### Problem description:
Word-for-word reproduction, images excluded: copy every entry below.

### Provided records:
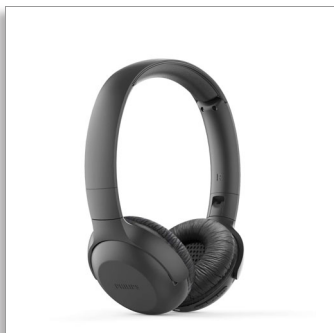

Philips  
หูฟังไร้สาย

ไมโครเวอริ์เสียง/  
แบบด้านหลังปิดสนิท 32 มม.

แบบครอบหู  
เล่นได้สูงสุด 15 ชั่วโมง  
พับได้กะทัดรัด

TAUH202BK

## เล่นเพลงได้หลายรูปแบบ

ไม่ว่าจะเป็นเพลย์ลิสต์อันน่าตื่นตา หรือพอดคาสต์ล่าสุด

หูฟังครอบหูแบบไร้สายรุ่นนี้ให้เสียงที่คมชัดและเสียงเบสที่หนักแน่น

สายคาดที่มีน้ำหนักเบาจนแทบจะไม่รู้สึกร่างกายอยู่ ส่วนตัวหูฟังยังสามารถพับได้ นอกจากนี้ยังเล่นได้ยาวนาน 15 ชั่วโมง ทำให้ฟังได้ทุกเวลา

### เสียงการโทรที่ชัดเจน พร้อมระบบควบคุมเสียง

- ไมโครโฟนในตัวที่มีการขจัดเสียงก้องเพื่อเสียงอันชัดใส
- ปุ่มมัลติฟังก์ชัน ให้การควบคุมการฟังเพลงและการโทรเป็นเรื่องง่าย

PHILIPS

หูฟังไร้สาย

ไดรเวอร์เสียง/แบบด้านหลังปิดสนิท 32 มม. แบบครอบหู, เล่นได้สูงสุด 15 ชั่วโมง, พับได้กะทัดรัด
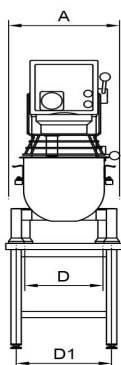

User Manual SE

METOS KARHU / BEAR

KODIAK

AR 30-AR 100

Metos	A	B	C	D	D1	E	G	H
RN 10 TABLE	369	592	639	235	329	505		869
RN 20 TABLE	430	675	885	303	370	535	651	1058
RN 10	548	606	1180	479	479	518		1495
RN 20	566	720	1286	473	473	573	1032	1415
AR 30	520	910	1210	230	380	653	1015	1500
AR 40	535	910	1210	230	380	653	1015	1500
AR 60	648	1028	1413	245	440	739	1175	1780
AR 80	654	1150	1470	245	550	826	1154	1899
AR 100	691	1171	1593	243	570	824	1277	2021
KODIAK	623	792	1367	450	520	589
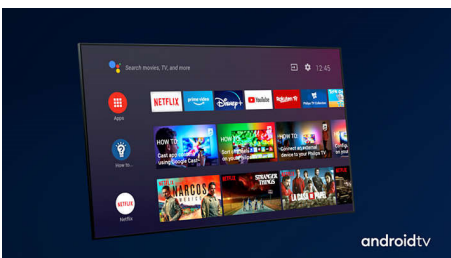

Android TV

Vďaka systému Android TV od spoločnosti Philips sa dostanete k obsahu, ku ktorému chcete, kedy len chcete. Môžete si prispôbiť domovskú obrazovku, aby zobrazovala vaše obľúbené aplikácie, a tým si zjednodušiť

spustenie streamovania filmov a seriálov, ktoré milujete. Alebo pokračovanie na mieste, kde ste prestali.
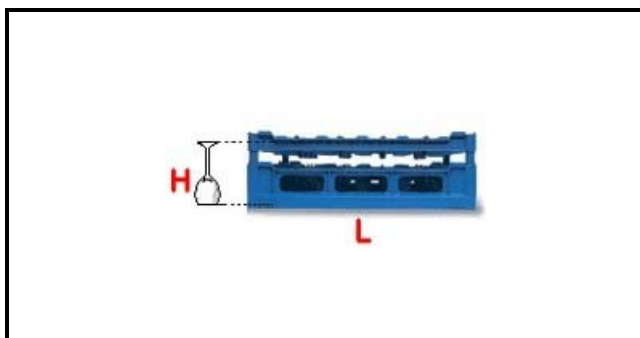

5101021

CESTO 50X50 16POS. TIPO C 140-180

Data: 23-02-2025

**Dati tecnici**

LUNGHEZZA MM	L=500mm
LARGHEZZA MM	P=500mm
ALTEZZA MM	H=140-180mm
MATERIALE	PLASTICA/PLASTIC
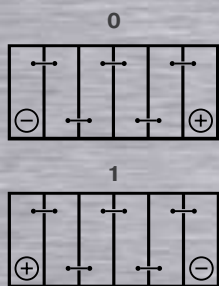

ТЕХНИЧЕСКАЯ ИНФОРМАЦИЯ

Полярность
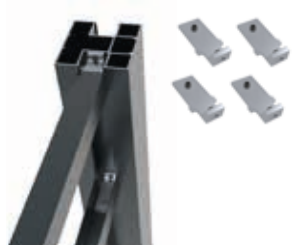

ALU KLIKPROFIEL
in ANTRACIET / ZWART
L190 cm **Art.2837 / 2832**
L234 cm **Art.2883 / 2882**

PAALKAP PVCBLACK?
75 x 75 mm
Art.2880

VARIABLE HOEKPROFIEL
in ANTRACIET / ZWART
Art.2650 / 2884

MONTAGESET
afdekkappen en schroeven
Art.2896

Actuele prijzen

ACCESSOIRES

START- TOPPROFIEL (los)
25 x 30 x 1750 mm
2 stuks nodig per scherm
ANTRACIET - Art.2644
ZWART - Art.2828

CONNECTOREN-SET (4 st.)
(1 set nodig per scherm)
Art.2645

VERSTERKT PROFIEL
(voor verticale montage
van fence boards)
25 x 35 x 1750 mm
ANTRACIET - Art.2990
ZWART - Art.2991
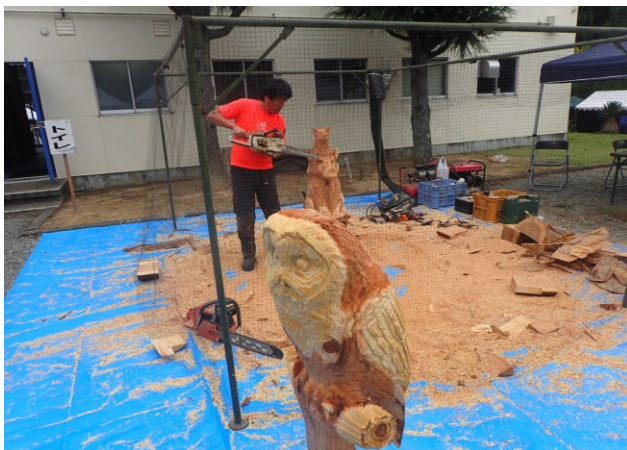

## 第43回福島県林業祭 実施状況

森のコンサート

森林・林業フォーラム

模擬上棟式(餅まき)

チェーンソーアートショー
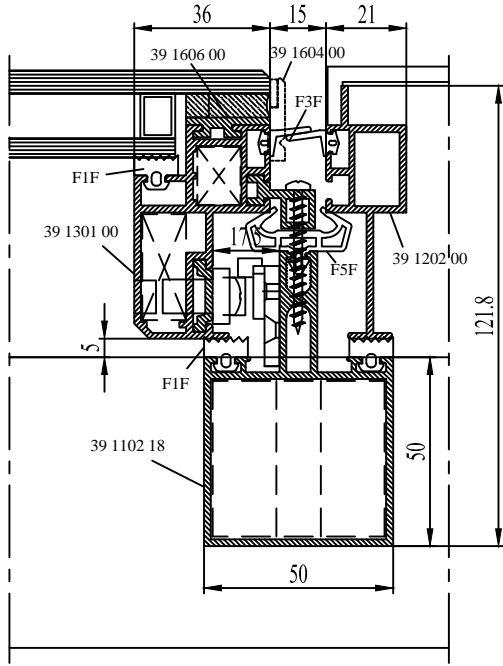

39 1608 00
1.856 kg/m

39 1901 00
3.324 kg/m

39 1902 00
3.672 kg/m

F1G	
F2G	
F3G	

DETAIL 1

DETAIL 2

DETAIL 3

DETAIL 4

DETAY 5

DETAY 6

DETAY 7

PROFİL KODU	KÖŞE TAKOZU	KESİM ÖLÇÜSÜ (mm)
39 1301 00	39 1901 00	15.5 - 28.6
39 1302 00	39 1901 00	7.3 - 28.3
39 1303 00	39 1902 00	22 - 28.6

DETAY 8

GIYDIRME CEPHE FİTİLLER	
F1F	
F3F	
F4F	
F5F	
P1

### Exercise answer:
Philips  
หูฟังไร้สาย

ไมโครเวอริ์เสียง/  
แบบด้านหลังปิดสนิท 32 มม.

แบบครอบหู  
เล่นได้สูงสุด 15 ชั่วโมง  
พับได้กะทัดรัด

TAUH202BK

## เล่นเพลงได้หลายรูปแบบ

ไม่ว่าจะเป็นเพลย์ลิสต์อันน่าตื่นตา หรือพอดคาสต์ล่าสุด

หูฟังครอบหูแบบไร้สายรุ่นนี้ให้เสียงที่คมชัดและเสียงเบสที่หนักแน่น

สายคาดที่มีน้ำหนักเบาจนแทบจะไม่รู้สึกร่างกายอยู่ ส่วนตัวหูฟังยังสามารถพับได้ นอกจากนี้ยังเล่นได้ยาวนาน 15 ชั่วโมง ทำให้ฟังได้ทุกเวลา

### เสียงการโทรที่ชัดเจน พร้อมระบบควบคุมเสียง

- ไมโครโฟนในตัวที่มีการขจัดเสียงก้องเพื่อเสียงอันชัดใส
- ปุ่มมัลติฟังก์ชัน ให้การควบคุมการฟังเพลงและการโทรเป็นเรื่องง่าย

PHILIPS

หูฟังไร้สาย

ไดรเวอร์เสียง/แบบด้านหลังปิดสนิท 32 มม. แบบครอบหู, เล่นได้สูงสุด 15 ชั่วโมง, พับได้กะทัดรัด

User Manual SE

METOS KARHU / BEAR

KODIAK

AR 30-AR 100

Metos	A	B	C	D	D1	E	G	H
RN 10 TABLE	369	592	639	235	329	505		869
RN 20 TABLE	430	675	885	303	370	535	651	1058
RN 10	548	606	1180	479	479	518		1495
RN 20	566	720	1286	473	473	573	1032	1415
AR 30	520	910	1210	230	380	653	1015	1500
AR 40	535	910	1210	230	380	653	1015	1500
AR 60	648	1028	1413	245	440	739	1175	1780
AR 80	654	1150	1470	245	550	826	1154	1899
AR 100	691	1171	1593	243	570	824	1277	2021
KODIAK	623	792	1367	450	520	589

Android TV

Vďaka systému Android TV od spoločnosti Philips sa dostanete k obsahu, ku ktorému chcete, kedy len chcete. Môžete si prispôbiť domovskú obrazovku, aby zobrazovala vaše obľúbené aplikácie, a tým si zjednodušiť

spustenie streamovania filmov a seriálov, ktoré milujete. Alebo pokračovanie na mieste, kde ste prestali.

5101021

CESTO 50X50 16POS. TIPO C 140-180

Data: 23-02-2025

**Dati tecnici**

LUNGHEZZA MM	L=500mm
LARGHEZZA MM	P=500mm
ALTEZZA MM	H=140-180mm
MATERIALE	PLASTICA/PLASTIC

ТЕХНИЧЕСКАЯ ИНФОРМАЦИЯ

Полярность

ALU KLIKPROFIEL
in ANTRACIET / ZWART
L190 cm **Art.2837 / 2832**
L234 cm **Art.2883 / 2882**

PAALKAP PVCBLACK?
75 x 75 mm
Art.2880

VARIABLE HOEKPROFIEL
in ANTRACIET / ZWART
Art.2650 / 2884

MONTAGESET
afdekkappen en schroeven
Art.2896

Actuele prijzen

ACCESSOIRES

START- TOPPROFIEL (los)
25 x 30 x 1750 mm
2 stuks nodig per scherm
ANTRACIET - Art.2644
ZWART - Art.2828

CONNECTOREN-SET (4 st.)
(1 set nodig per scherm)
Art.2645

VERSTERKT PROFIEL
(voor verticale montage
van fence boards)
25 x 35 x 1750 mm
ANTRACIET - Art.2990
ZWART - Art.2991

## 第43回福島県林業祭 実施状況

森のコンサート

森林・林業フォーラム

模擬上棟式(餅まき)

チェーンソーアートショー

39 1608 00
1.856 kg/m

39 1901 00
3.324 kg/m

39 1902 00
3.672 kg/m

F1G	
F2G	
F3G	

DETAIL 1

DETAIL 2

DETAIL 3

DETAIL 4

DETAY 5

DETAY 6

DETAY 7

PROFİL KODU	KÖŞE TAKOZU	KESİM ÖLÇÜSÜ (mm)
39 1301 00	39 1901 00	15.5 - 28.6
39 1302 00	39 1901 00	7.3 - 28.3
39 1303 00	39 1902 00	22 - 28.6

DETAY 8

GIYDIRME CEPHE FİTİLLER	
F1F	
F3F	
F4F	
F5F	
P1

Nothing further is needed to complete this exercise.